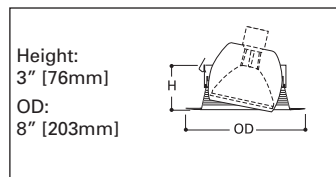

ERT711 Regressed Eyeball

- Lamps:

ERT711
High Gloss Appliance White Trim and Eyeball with Black Baffle

EI700 EI700AT EI700NB EI700ATNB	50W PAR30 65W BR30, 75W R30
● ● ● ● ●
Copy all lines above where "Eyeball" is present.

● **RESULT OF THE EXERCISE**
ERT711 Regressed Eyeball
High Gloss Appliance White Trim and Eyeball with Black Baffle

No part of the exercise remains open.